Lewis Black has a great bit about the health food pundits going back and forth on eggs. First they’re good for you, then they’re bad, then only the whites are good, etc. I’m putting this under the “good” column for a few reasons. They are basically pure protein and are the perfect vehicle for almost any other seasoning. My favorite is Lawry’s steak seasoning. I think this was another suggestion from my mom the purveyor of all things nummy, but my better-half loves a little sea salt. Unless you have a acute cholesterol problem, I think the nutrients in the yolk are worth the trouble. Egg yolks contain vitamins A, D, E and K, all of which are not contained in the whites. Also, egg yolks are one of the only foods where vitamin D occurs naturally. I always get the eggs with Omega-3’s in them so I must be balancing out the cholesterol risk, right?

For those of you who can’t walk into a room without putting hot sauce or Sriracha on something, this New York chef underwent a big change in his diet. One of his go-to snacks is an egg white salad with Sriracha. I think he used greek yogurt instead of mayo as well.

Also, I take the hassle out of cooking eggs with an egg cooker. I’m sure the gourmands out there are rolling their eyes but I’ve been using it for years and I get perfectly cooked eggs every time. It’ll do poached, soft-cooked and hard-cooked so what’s not to like?

Edamame

via Flickr: joyosity

via Flickr: joyosity

I have a hard time incorporating legumes into my diet and I’m sure I’m not alone. The hummus helps but I’m not big on lentils. In addition to all the benefits of soy, edamame is packed with protein and fiber and is the perfect vehicle for a variety of flavors. A little bit of minced garlic and some soy sauce will do it for me. Eating them out of the pod will pace your consumption but you can bypass the step by buying them de-podded and it’ll make it easier to add to a salad.

Chicken: bringing back the dark meat

chicken_breast_strips

via Flickr: foodthinkers

Here’s another food I’m accepting of in its entirety. Sure, the white meat has protein but it doesn’t have flavor and it doesn’t have a lot of nutrients. The nutritional differences between white meat and dark meat are negligible: the USDA (not that they are always right but I’m guessing they’re close on this one) has said that 100 grams of white meat contain about .59 grams of saturated fat and about 114 calories. The same amount of dark meat contains about 1 gram of saturated fat and 119 calories. Yes, that’s double the fat but are you eating a whole chicken? We’re talking about snacks here so unless you’re having a Food Beast moment, you should be snacking and having no more than about a cup’s worth of meat.
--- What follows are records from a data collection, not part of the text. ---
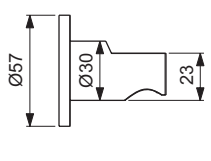

Finishes

XG Silk Black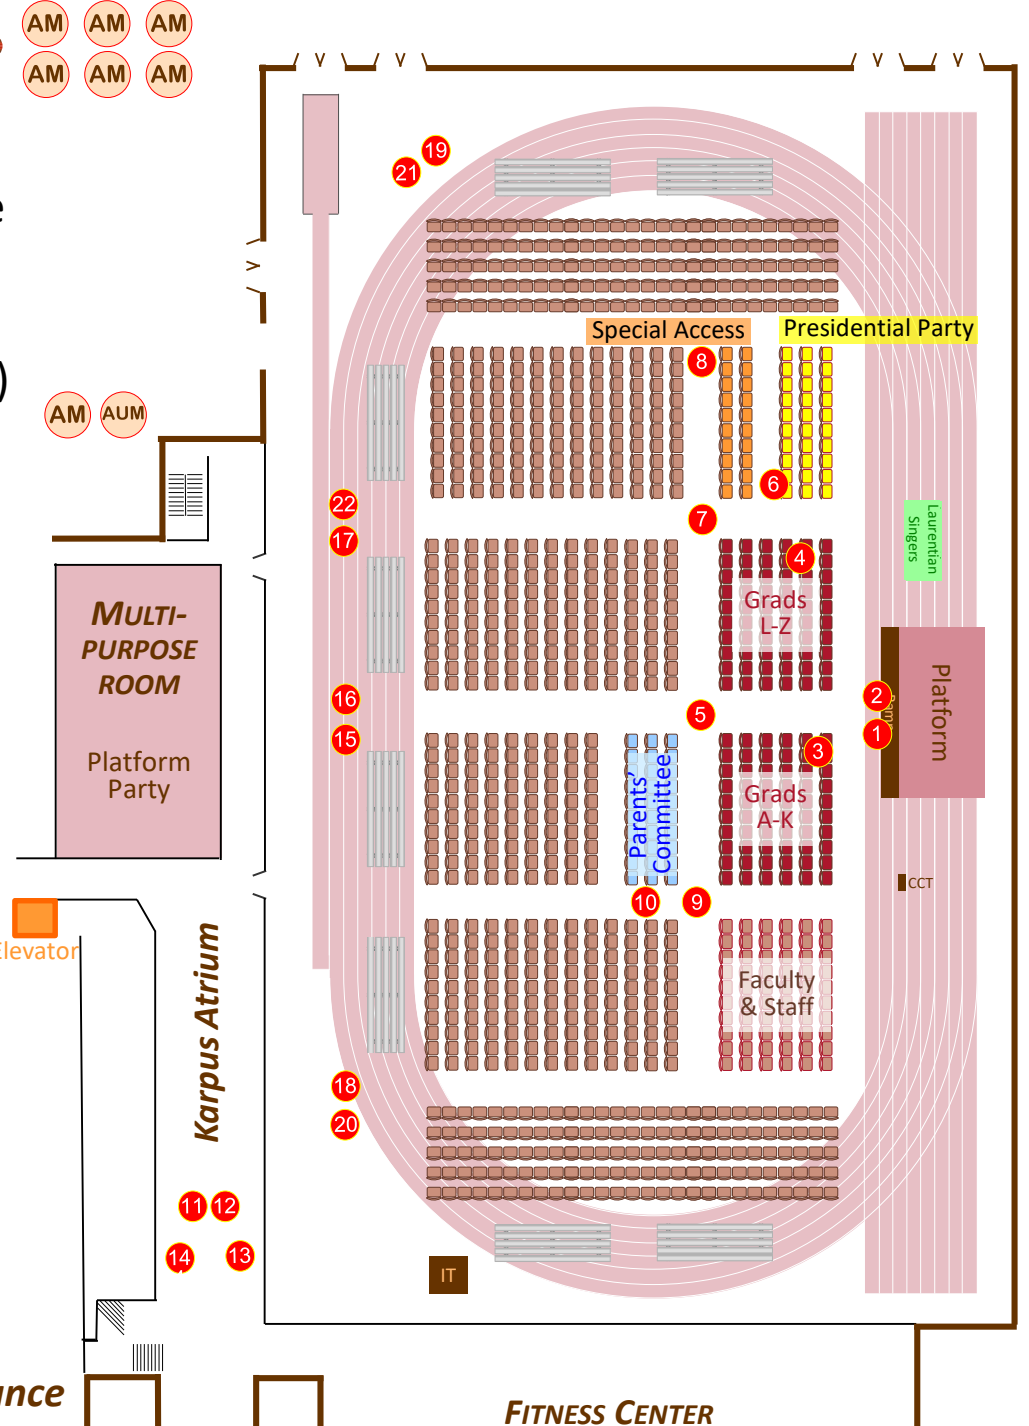

US, CANADA LEAD PLATFORM, NY LEADS FAC/STAFF, SLU LEADS STUDENTS

FITNESS

STUDENT COLUMNS SPLIT: SUMMAS & A-K CONTINUE, MASTERS & L-Z TURN LEFT

Assigned Rooms

Rest Rooms

FITNESS

Usher & Marshal Positions

BEGINNING

Ushers

- 🏰 1- 4 with line-up
- 🏰 5-8, 20 Back Left of L-Z Seating
- 🏰 9-10 Back Right of A-K Seating
- 🏰 11-15 Karpus Atrium
- 🏰 16-21 Field House Floor

PROCESSION

- ❖ Platform Party
 - ❖ Split to proceed up ramps
 - ❖ Led by US, Canada
 - ❖ Stand through invocation (if able)
- ❖ Faculty & Staff
 - ❖ All turn right to seating
 - ❖ Stand through invocation (if able)
- ❖ Students
 - ❖ Master's & L-Z turn left then right
 - ❖ Seated in rows from front
 - ❖ Master's alone in front row
 - ❖ Summas & A-K go straight
 - ❖ Seated in rows from front
 - ❖ Summas alone in front row
 - ❖ Stand through invocation (if able)
- ❖ When all are at seats
 - ❖ UM goes to seat
 - ❖ Bagpipes stop & leave
 - ❖ University Chaplain to podium

PROCESSION & SEATING

- Platform Party
 - Split to proceed up ramps
 - Led by US, Canada
 - Stand through invocation (if able)
- Faculty & Staff
 - All turn right to seating
 - Stand through invocation (if able)
- Students
 - Master's & L-Z turn L. then R.
 - Seated in rows from front
 - Master's alone in front row
 - Summas & A-K go straight
 - Seated in rows from front
 - Summas alone in front row
 - Stand through invocation (if able)
- When all are at seats
 - UM goes to seat
 - Bagpipes stop & leave
 - University Chaplain to podium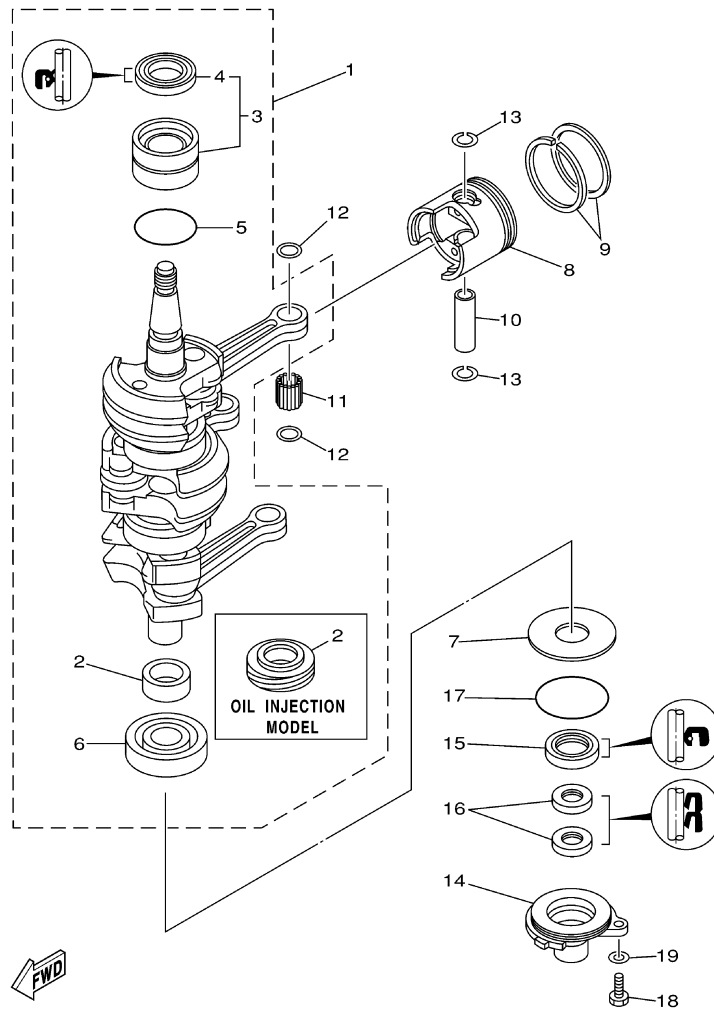

30ELRZ 2001 / CRANKSHAFT PISTON

6J80100-9030

Part List

30ELRZ 2001 / CRANKSHAFT PISTON

REF - NO	PART NUMBER	PART NAME	QUANTITY	REMARKS
1	6J8-11400-01-00	CRANKSHAFT ASSY	1	UR NON OIL INJECTION MODEL (M)
1	6J8-11400-11-00	CRANKSHAFT ASSY	1	UR
2	6J8-11445-00-00	.SPACER	1	UR NON OIL INJECTION MODEL (M)
2	6J8-11536-00-00	.GEAR, DRIVE	1	UR
3	93311-632U7-00	.BEARING	1	
4	93102-26M27-00	..OIL SEAL	1	
5	93210-42159-00	.O-RING	1	
6	93306-305U3-00	.BEARING	1	
7	90201-50306-00	WASHER, PLATE	1	
8	6J8-11631-02-97	PISTON (STD)	3	
8	6J8-11635-02-00	PISTON (0.25MM O/S)	3	AP
8	6J8-11636-02-00	PISTON (0.50MM O.S.)	3	AP
9	6J8-11601-01-00	PISTON RING SET (STD)	3	
9	6J8-11601-11-00	PISTON RING SET (0.25MM O/S)	3	AP
9	6J8-11601-21-00	PISTON RING SET (0.50MM O.S.)	3	AP
10	6J8-11633-00-00	PIN, PISTON	3	
11	93602-16M10-00	PIN, DOWEL	84	
12	90201-16379-00	WASHER, PLATE	6	
13	93450-17129-00	CIRCLIP	6	
14	6J8-15396-00-5B	HOUSING, OIL SEAL	1	
15	93101-25M28-00	.OIL SEAL	1	
16	93104-16M04-00	.OIL SEAL	2	
17	93210-56M80-00	.O-RING	1	
18	97013-06016-00	BOLT	2	
19	92903-06600-00	WASHER, PLATE	2

Plus, dark meat is in the same family as egg yolks when it comes to vitamins and minerals: not as good for you as its lighter counterpart but probably worth the nutritional value.

So having pre-cooked chicken on hand means a little preparation. Here’s my advice: embrace store-bought rotisserie chicken. If you’re a Costco customer, the pre-cooked chickens are actually cheaper than buying a raw bird. All you have to do is bring home, try your best not to eat all that delicious skin, and cut up the chicken into manageable pieces. And if you’re like me and already have hummus and Tzatziki sauce in your fridge, you have a dipping sauce ready to go.

Lastly, there is one arguably healthy snack I have not included and that is trail mix. I love this stuff too much to enjoy it in moderation so I’ve had to stop buying it. Unless I’m going hiking or need a pre-workout food, this has to stay off my list. It is much too dense in calories to be healthy on a regular basis. That being said, all of the foods on this list are savory and Lord Almighty do I have a sweet tooth. Compromise? Get the dried fruit on its own, whether it’s raisins or cranberries or cherries.

Happy snacking!

Disclaimer: I am not a doctor. I am not a nutritionist. I’m not even a chef. This is just a list of foods that work for me and some suggestions to those who are tired of celery sticks. If you’re looking for diet or health tips, please consult a physician.